ACTIVITY: Copy every record word for word. The images stay behind.

GIVEN DATA:

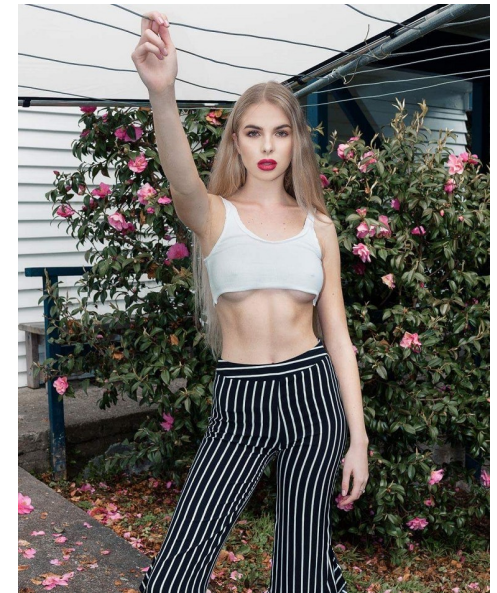

## LARA REDFERN-OLSEN

DEVELOPMENT WOMEN

Height 5'10" Bust 34" Waist 24" Hips 35" Shoe 39 EU/8 US/6 UK  
Hair Blonde Eyes Green
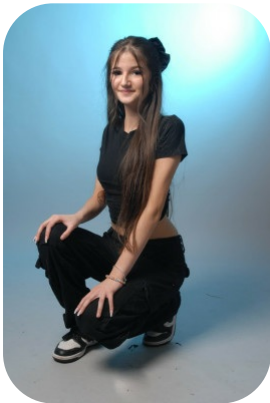

Alesja Rama

Trainings: 1

Age: 11-15	Height: 5ft5inch	Eye Colour: Brown	Accent: London
Gender:F	Weight: 40kg	Waist: 25	Bust: 27
Location: London	Shoe Size: 4	Hips: 34	
Drives: No	Hair Color: Brunette		

Talents
TEEN MODELS, EXTRAS
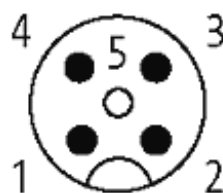

M12 male 0° / M12 female 90° shielded

PUR 4x0.34 shielded gy UL/CSA+drag chain 2,8m

Male straight to female 90°
M12 - M12, 4-pole
shielded

Plastic housings with good resistance against chemicals and oils. The resistance to aggressive media should be individually tested for your application. Further details on request. Further cable lengths on request.

[Link to Product](#)**Illustration**

Male

Female

Product may differ from Image
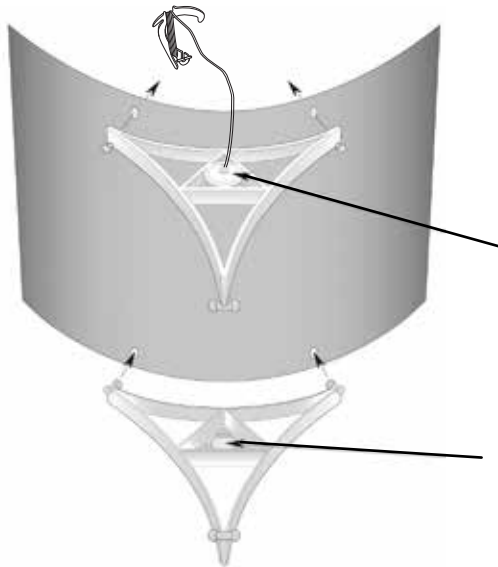

# Mobile Ceiling Hangers Assembly Instructions

## MTWS-160 & MTWS-265 Three Panel Displays

Top Form of  
Hanger Frame  
with Triangle Loop  
Facing Up

Bottom Form of  
Hanger Frame  
with Triangle Loop  
Facing Down

## MQ-360 Four Panel Display

Start by attaching panels to the top of the plastic frames. Assemble the panels to the plastic frames by inserting the ball shaped posts into the holes of the panels; first at the top. Then insert the ball shaped posts into the holes at the bottom of the panels. When panels are in place, then insert the metal barbed end of the cord through the triangle loop on top of the hanger frame.

### For Pole Display

Carefully remove center disc in bottom frame to accommodate pole.

Fit assembled display down onto pole and put pole top into rimmed area inside top former.

Bottom Frame

Top  
Frame

Bottom Frame
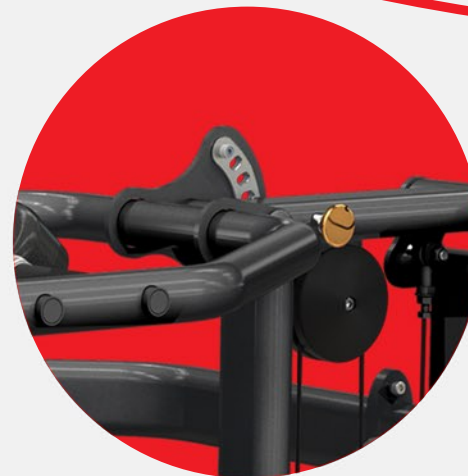

XS1422

MULTI PRESS

COMMERCIAL SERIES

**INTUITIVE DESIGN MAKING IT
LADIES & ELDERLY FRIENDLY**

X Track Single Series featuring a sleek and elegant built to the embodiment of ultra modern and ergonomic design which allow full body training for toning and strength training for residential, hospitality and commercial use at any environment.

It comes with adjustable seat to accommodate users of different heights, a comfortable back pad and grips with multiple positions. With an easy to adjust pin function, users can easily change the weight of the workout accordingly.

BASE FEATURES

DIMENSION	183CM X 150CM X 178CM
WEIGHT STACK	105 KG
REINFORCE STRUCTURE	OVAL TUBE WITH SATIN BLACK COAT FINISHES
MAGNETIZED PLATE SELECTOR	YES
INDEPENDANT MOVEMENT	WITH ISO-LATED TECHNOLOGY
NON-SLIP GRIP	YES
WEIGHT INDICATOR	YES
UPHOLSTERY	MAN MADE HIGH QUALITY CARBON FIBRE LEATHER
RUBBER FEET	PROTECTION FOR FLOORING
ADJUSTMENTS	EASY ADJUSTMENT SEAT
CABLES	GLASS FIBRE REINFORCED NYLON PULLEYS FOR DURABILITY
PULLEY & BEARING	PRECISION MOTORS GRADE BALL BEARING PULLEYS
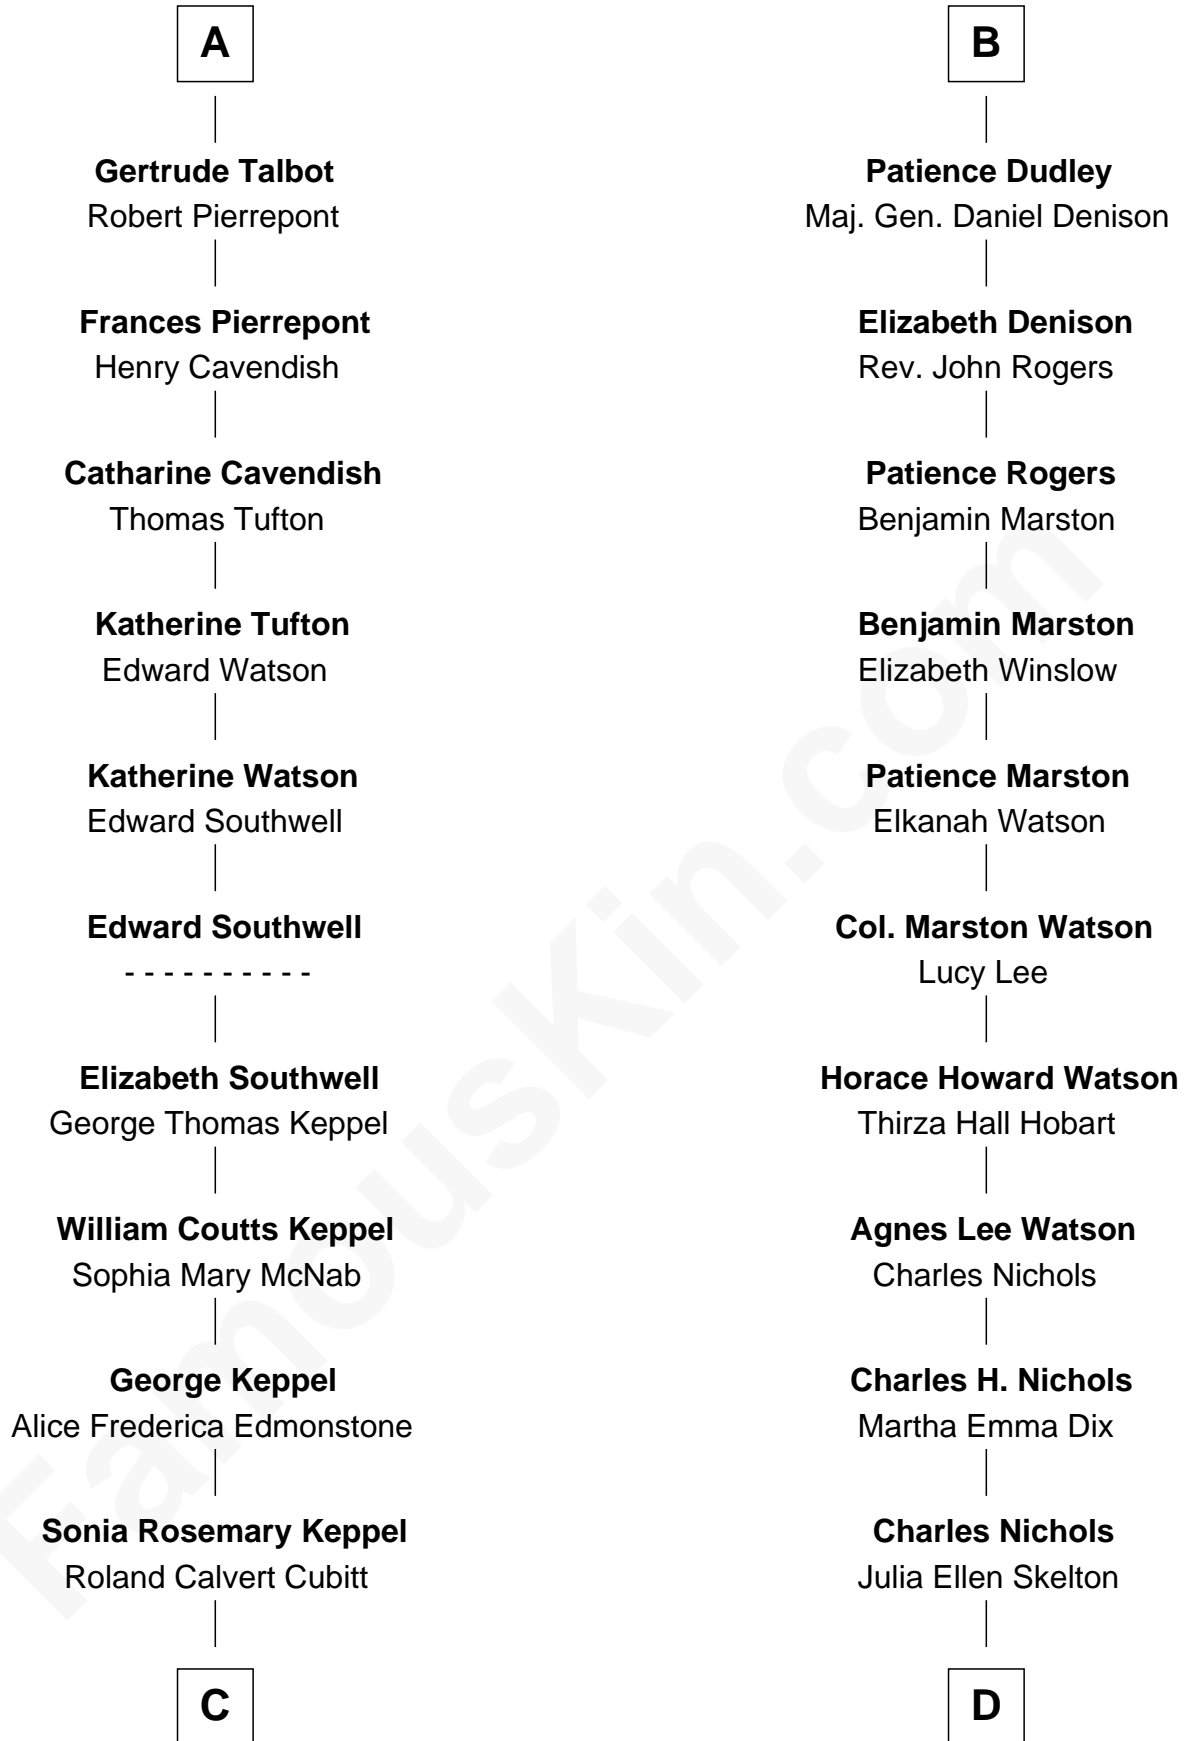

## Relationship Chart of

### Camilla Parker Bowles

Queen Consort of the United Kingdom

18th cousin 1 time removed of

**John Cena**

Movie Actor and WWE Pro Wrestler

**C**

**Rosalind Maud Cubitt**  
Bruce Middleton Hope Shand

**Camilla Parker Bowles**  
*Queen Consort*

FINISHED TASK:
## LARA REDFERN-OLSEN

DEVELOPMENT WOMEN

Height 5'10" Bust 34" Waist 24" Hips 35" Shoe 39 EU/8 US/6 UK  
Hair Blonde Eyes Green

Alesja Rama

Trainings: 1

Age: 11-15	Height: 5ft5inch	Eye Colour: Brown	Accent: London
Gender:F	Weight: 40kg	Waist: 25	Bust: 27
Location: London	Shoe Size: 4	Hips: 34	
Drives: No	Hair Color: Brunette		

Talents
TEEN MODELS, EXTRAS

M12 male 0° / M12 female 90° shielded

PUR 4x0.34 shielded gy UL/CSA+drag chain 2,8m

Male straight to female 90°
M12 - M12, 4-pole
shielded

Plastic housings with good resistance against chemicals and oils. The resistance to aggressive media should be individually tested for your application. Further details on request. Further cable lengths on request.

[Link to Product](#)**Illustration**

Male

Female

Product may differ from Image

# Mobile Ceiling Hangers Assembly Instructions

## MTWS-160 & MTWS-265 Three Panel Displays

Top Form of  
Hanger Frame  
with Triangle Loop  
Facing Up

Bottom Form of  
Hanger Frame  
with Triangle Loop  
Facing Down

## MQ-360 Four Panel Display

Start by attaching panels to the top of the plastic frames. Assemble the panels to the plastic frames by inserting the ball shaped posts into the holes of the panels; first at the top. Then insert the ball shaped posts into the holes at the bottom of the panels. When panels are in place, then insert the metal barbed end of the cord through the triangle loop on top of the hanger frame.

### For Pole Display

Carefully remove center disc in bottom frame to accommodate pole.

Fit assembled display down onto pole and put pole top into rimmed area inside top former.

Bottom Frame

Top  
Frame

Bottom Frame

XS1422

MULTI PRESS

COMMERCIAL SERIES

**INTUITIVE DESIGN MAKING IT
LADIES & ELDERLY FRIENDLY**

X Track Single Series featuring a sleek and elegant built to the embodiment of ultra modern and ergonomic design which allow full body training for toning and strength training for residential, hospitality and commercial use at any environment.

It comes with adjustable seat to accommodate users of different heights, a comfortable back pad and grips with multiple positions. With an easy to adjust pin function, users can easily change the weight of the workout accordingly.

BASE FEATURES

DIMENSION	183CM X 150CM X 178CM
WEIGHT STACK	105 KG
REINFORCE STRUCTURE	OVAL TUBE WITH SATIN BLACK COAT FINISHES
MAGNETIZED PLATE SELECTOR	YES
INDEPENDANT MOVEMENT	WITH ISO-LATED TECHNOLOGY
NON-SLIP GRIP	YES
WEIGHT INDICATOR	YES
UPHOLSTERY	MAN MADE HIGH QUALITY CARBON FIBRE LEATHER
RUBBER FEET	PROTECTION FOR FLOORING
ADJUSTMENTS	EASY ADJUSTMENT SEAT
CABLES	GLASS FIBRE REINFORCED NYLON PULLEYS FOR DURABILITY
PULLEY & BEARING	PRECISION MOTORS GRADE BALL BEARING PULLEYS

## Relationship Chart of

### Camilla Parker Bowles

Queen Consort of the United Kingdom

18th cousin 1 time removed of

**John Cena**

Movie Actor and WWE Pro Wrestler

**C**

**Rosalind Maud Cubitt**  
Bruce Middleton Hope Shand

**Camilla Parker Bowles**  
*Queen Consort*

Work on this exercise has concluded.